Abstract: Spatial computing has enriched billions of lives via pervasive services (e.g., navigation and ride-sharing apps), ubiquitous systems (e.g., Global Positioning System, Geographic Information System), and pioneering scientific methods (e.g., spatial statistics, spatial cognition). It is only a beginning and major growth is projected by a 2019 National Academy report, the 2011 McKinsey Big Report, etc. motivating the need to create and enrich pathways for learning and education, and workforce development. This presentation looks at the recent educational initiatives such as the current AAG Encoding Geography, and the UCGIS Call for Bringing the Geospatial Perspective to Data Science Degrees and Curricula. It points out that the programming languages rise and fall often affecting careers. Thus, students should learn computational thinking skills beyond programming to prepare for changes during their careers.

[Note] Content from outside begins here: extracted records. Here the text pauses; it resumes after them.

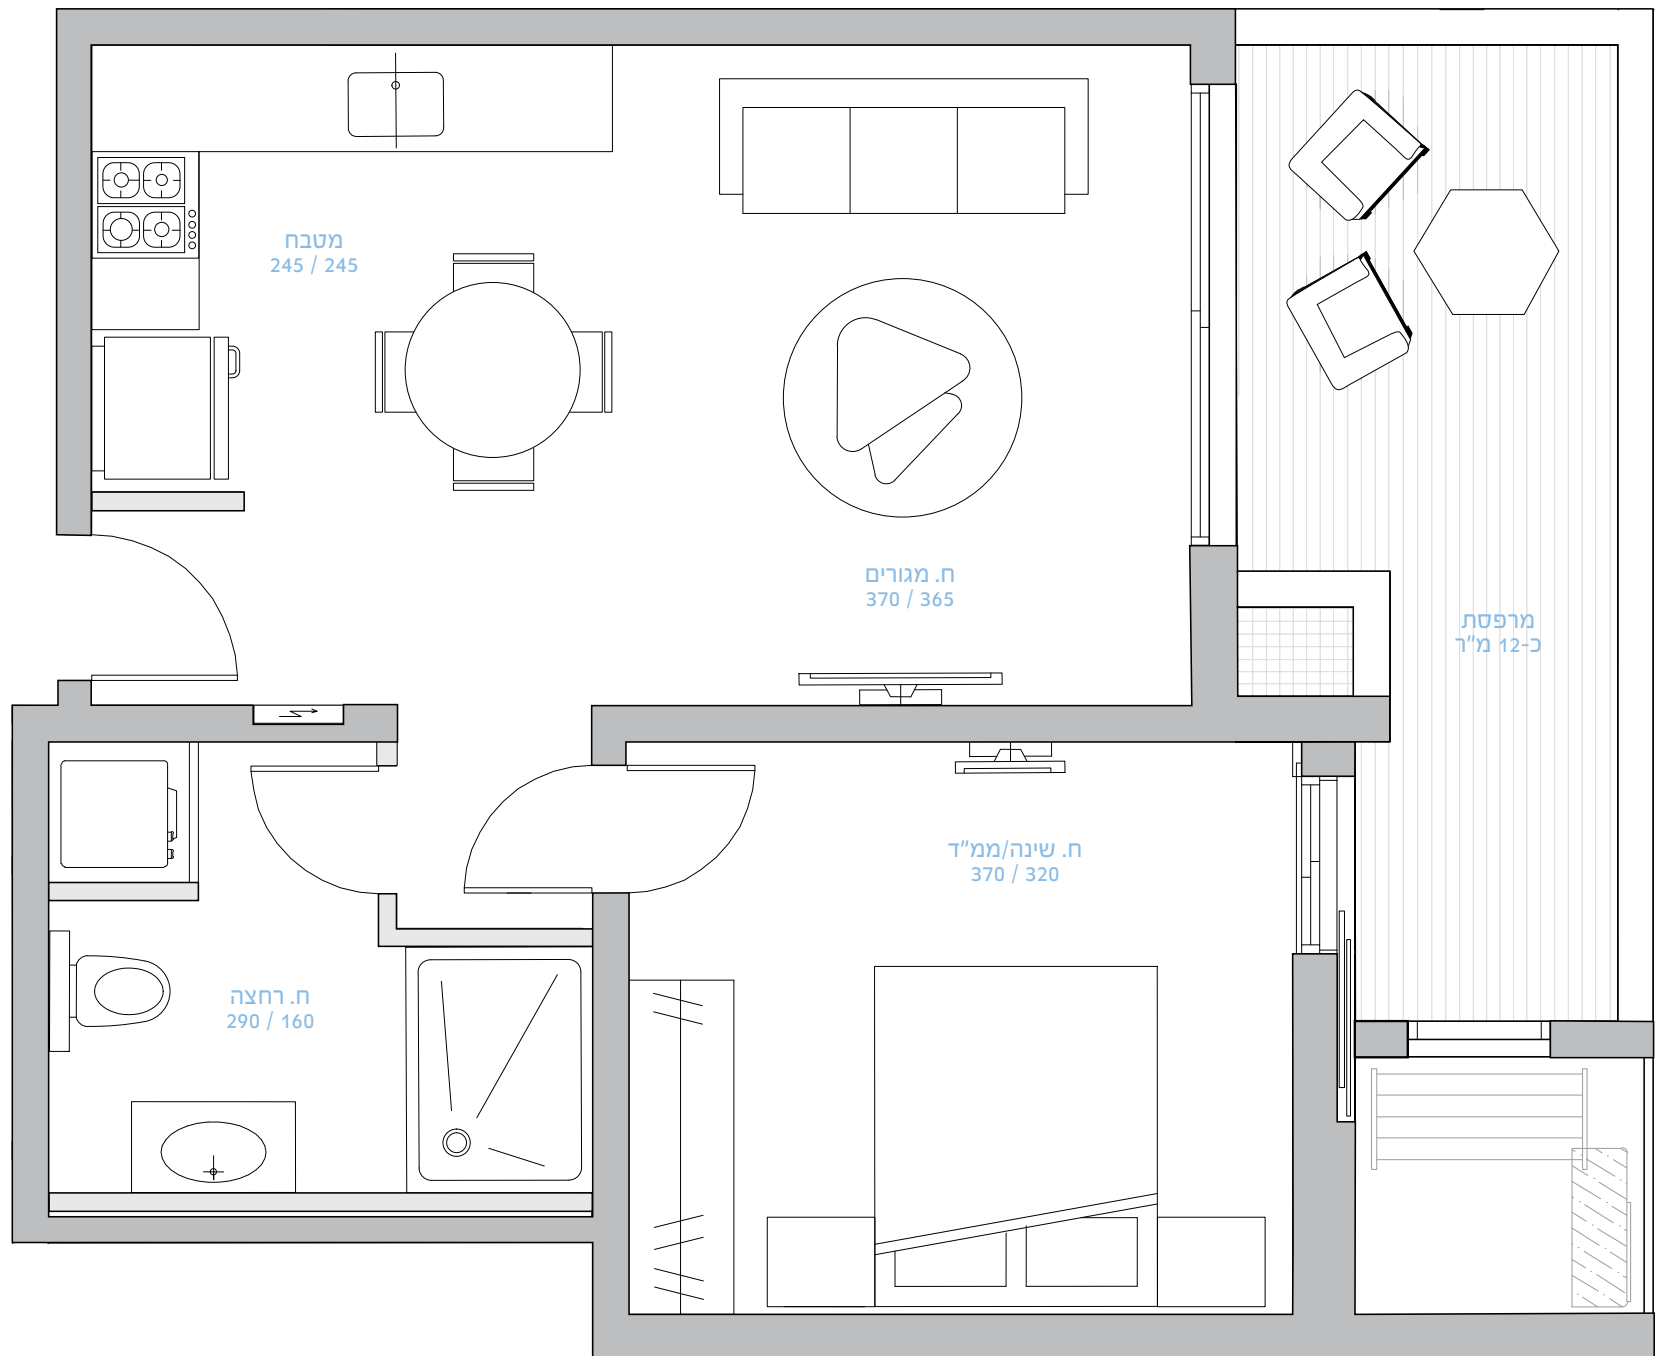

2 חדרים

שטח הדירה: 50 מ"ר
שטח המרפסת: כ-12 מ"ר

בנין A

בניין B בניין C

בניין D

It also discusses the relationship between computational thinking and programming using an analogy of the relationship between geometry and land surveying with illustrations from geography. This perspective is based on spatial computing educational activities such as creation and teaching of spatial computing campus and massively open online courses, co-authoring a textbook, co-editing an Encyclopedia, leading an NSF IGERT project, and service on a national academy committee on GEOINT workforce.
Bio: Shashi Shekhar is a Mcknight Distinguished University Professor at the University of Minnesota (Computer Science faculty). For contributions to geographic information systems (GIS), spatial databases, and spatial data mining, he was elected an IEEE Fellow as well as an AAAS Fellow and received the IEEE-CS Technical Achievement Award, and the UCGIS Education Award. He was also named a key difference-maker for the field of GIS by the most popular GIS textbook . He has a distinguished academic record that includes 300+ refereed papers, a popular textbook on Spatial Databases (Prentice Hall, 2003) and an authoritative Encyclopedia of GIS (Springer, 2008).
Shashi is serving as a co-Editor-in-Chief of Geo-Informatica : An International Journal on Advances in Computer Sciences for GIS (Springer), and a series editor for the Springer-Briefs on GIS. Earlier, he served on the Computing Community Consortium Council (2012-15), and multiple National Academies' committees including Models of the World for USDOD-NGA (2015), Geo-targeted Disaster Alerts and Warning (2013), Future Workforce for Geospatial Intelligence (2011), Mapping Sciences (2004-2009) and Priorities for GEOINT Research (2004-2005). He also served as a general or program co-chair for the Intl. Conference on Geographic Information Science (2012), the Intl. Symposium on Spatial and Temporal Databases (2011) and ACM Intl. Conf. on Geographic Information Systems (1996). He also served on the Board of Directors of University Consortium on GIS (2003-4), as well as the editorial boards of IEEE Transactions on Knowledge and Data Eng. and IEEE-CS Computer Sc. & Eng. Practice Board.
In early 1990s, Shashi's research developed core technologies behind in-vehicle navigation devices as well as web-based routing services, which revolutionized outdoor navigation in urban environment in the last decade. His recent research results played a critical role in evacuation route planning for homeland security and received multiple recognitions including the CTS Partnership Award for significant impact on transportation. He pioneered the research area of spatial data mining via pattern families (e.g. collocation, mixed-drove co-occurrence, cascade), keynote speeches, survey papers and workshop organization.